**PROBLEM DETAILS:**
At the line containing "Waschtisch mit Unterbaubecken 128", begin retyping, and stop after the last line of the data; add nothing.

**DATA SUPPLIED:**
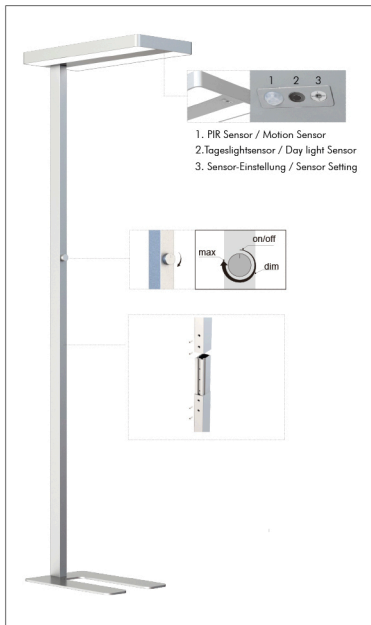

Montagehinweis
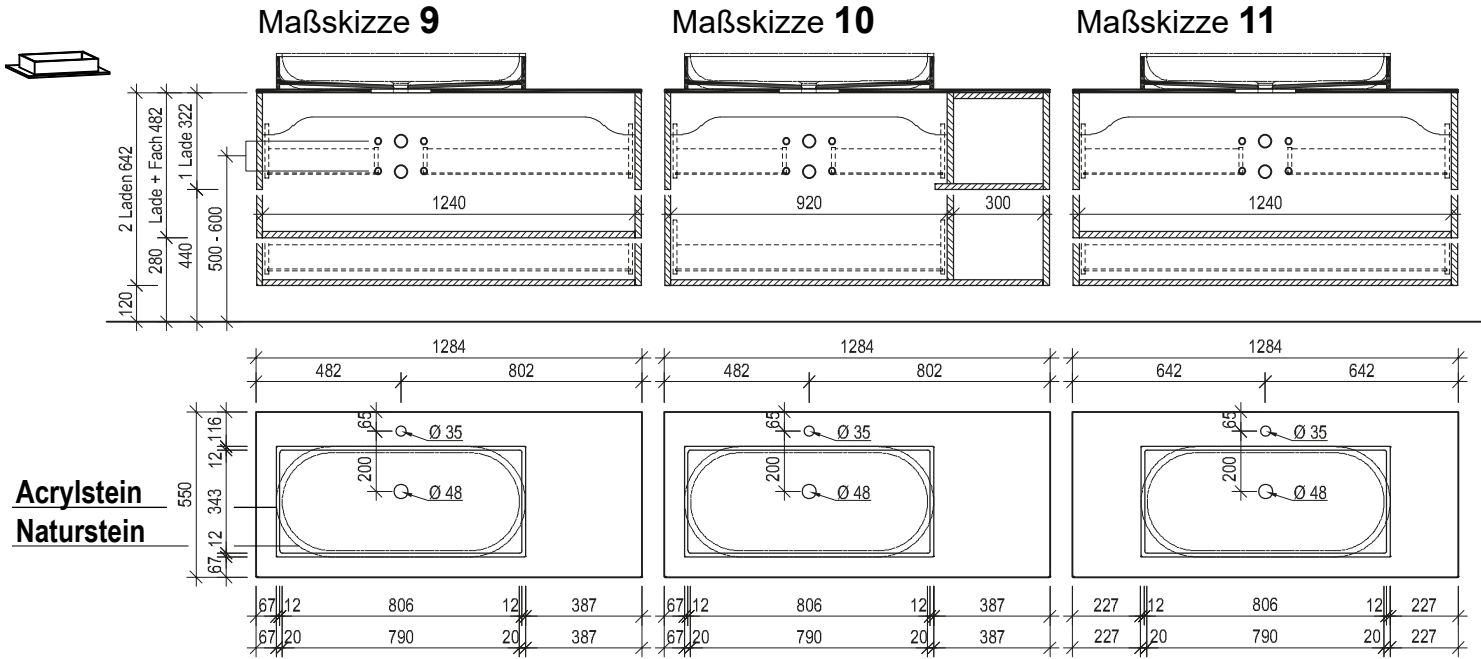

Waschtisch mit Unterbaubecken 64, 96

Maßskizze 5

Maßskizze 6

Maßskizze 7

Acrylstein

Glas

Maßskizze 4

Maßskizze 8

Waschtisch mit Aufsatzbecken 128

Waschtisch mit Unterbaubecken 128

Maßskizze 12

Maßskizze 16

Waschtisch mit Aufsatzbecken 160

Maßskizze 17

Maßskizze 18

Waschtisch mit Unterbaubecken 160

Acrylstein

Flächenspiegel und Spiegelschränke - Montagehöhe 193 cm

Maßskizze 24

Maßskizze 25

**PROBLEM SOLUTION:**
Waschtisch mit Unterbaubecken 128

Maßskizze 12

Maßskizze 16

Waschtisch mit Aufsatzbecken 160

Maßskizze 17

Maßskizze 18

Waschtisch mit Unterbaubecken 160

Acrylstein

Flächenspiegel und Spiegelschränke - Montagehöhe 193 cm

Maßskizze 24

Maßskizze 25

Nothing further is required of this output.